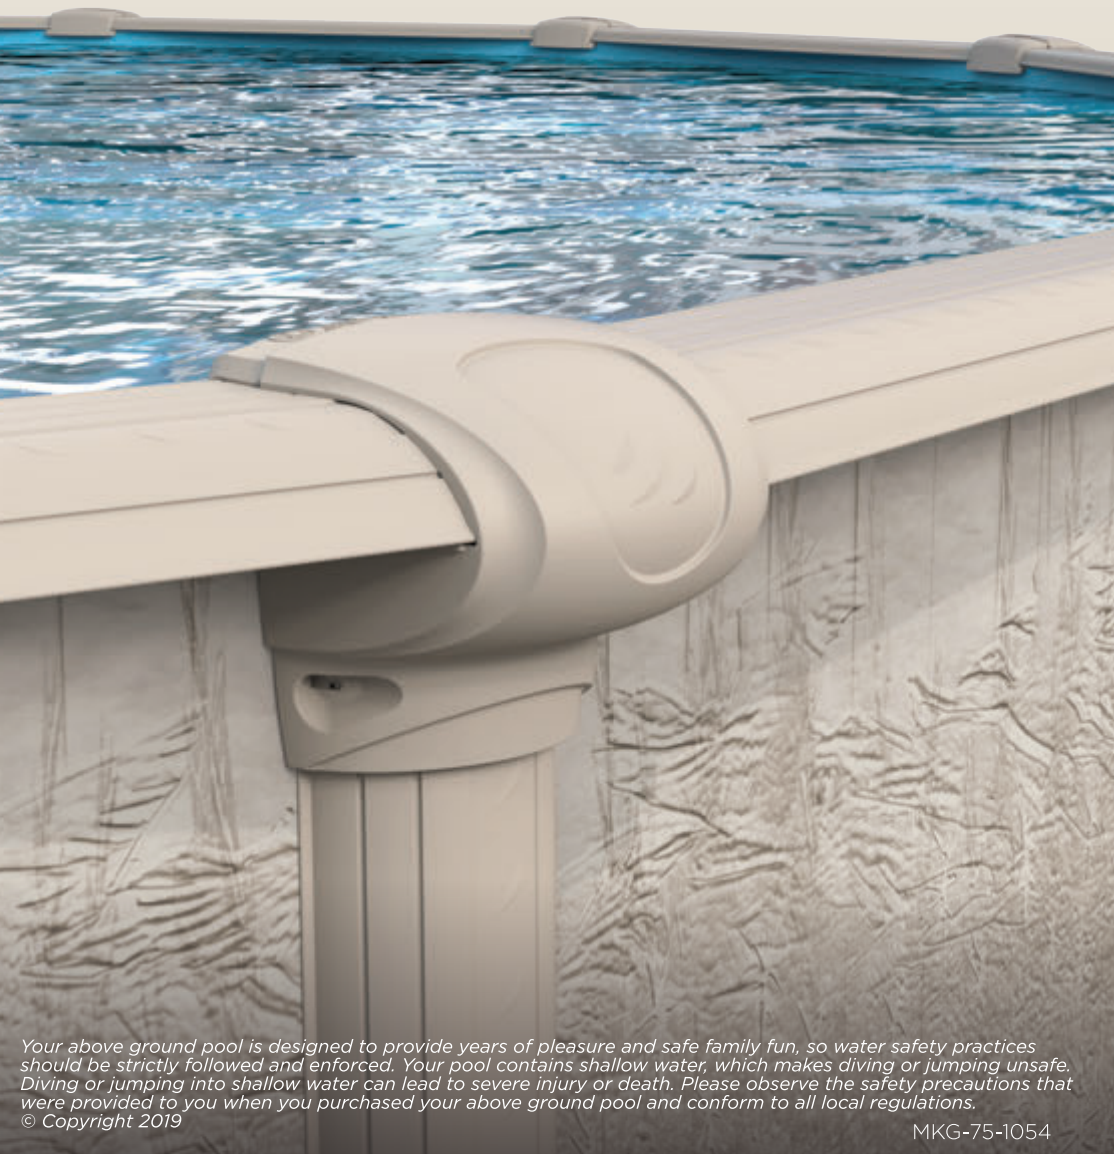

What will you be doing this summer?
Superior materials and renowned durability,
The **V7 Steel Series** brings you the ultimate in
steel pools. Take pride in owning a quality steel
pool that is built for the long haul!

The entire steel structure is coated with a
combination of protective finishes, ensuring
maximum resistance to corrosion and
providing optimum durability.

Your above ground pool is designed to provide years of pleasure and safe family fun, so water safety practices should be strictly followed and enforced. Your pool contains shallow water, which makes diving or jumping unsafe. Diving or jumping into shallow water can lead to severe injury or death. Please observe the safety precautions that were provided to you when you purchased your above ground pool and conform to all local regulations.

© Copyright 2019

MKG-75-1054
********************
#### What is required:
Write out every line, unchanged, from the one containing "Your above ground pool is" through the closing line of the data.

#### Result of this exercise:
Your above ground pool is designed to provide years of pleasure and safe family fun, so water safety practices should be strictly followed and enforced. Your pool contains shallow water, which makes diving or jumping unsafe. Diving or jumping into shallow water can lead to severe injury or death. Please observe the safety precautions that were provided to you when you purchased your above ground pool and conform to all local regulations.

© Copyright 2019

MKG-75-1054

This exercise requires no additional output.